=== Task prompt ===
Restate word for word all of the lines below, with each image left out.

[Items listed in a dataset]
::::::::::

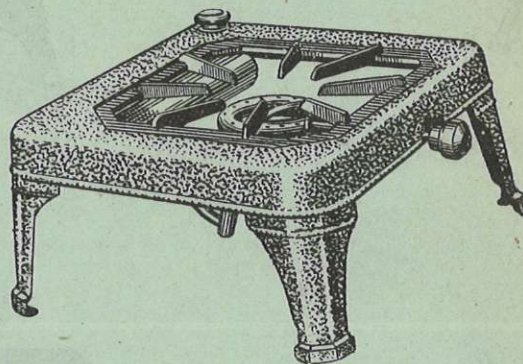

8988

HAUSSE 10 %

Modèle 1 feu N° 10

Dimensions : 27 x 27

Bâti laqué 55 fr. 00

Bâti émail vitrifié granité . . . 64 fr. 00

Modèle 2 feux N° 11 — Dimensions : 27 x 54

Bâti laqué 110 fr. 00

::::::::::

=== Task response ===
8988

HAUSSE 10 %

Modèle 1 feu N° 10

Dimensions : 27 x 27

Bâti laqué 55 fr. 00

Bâti émail vitrifié granité . . . 64 fr. 00

Modèle 2 feux N° 11 — Dimensions : 27 x 54

Bâti laqué 110 fr. 00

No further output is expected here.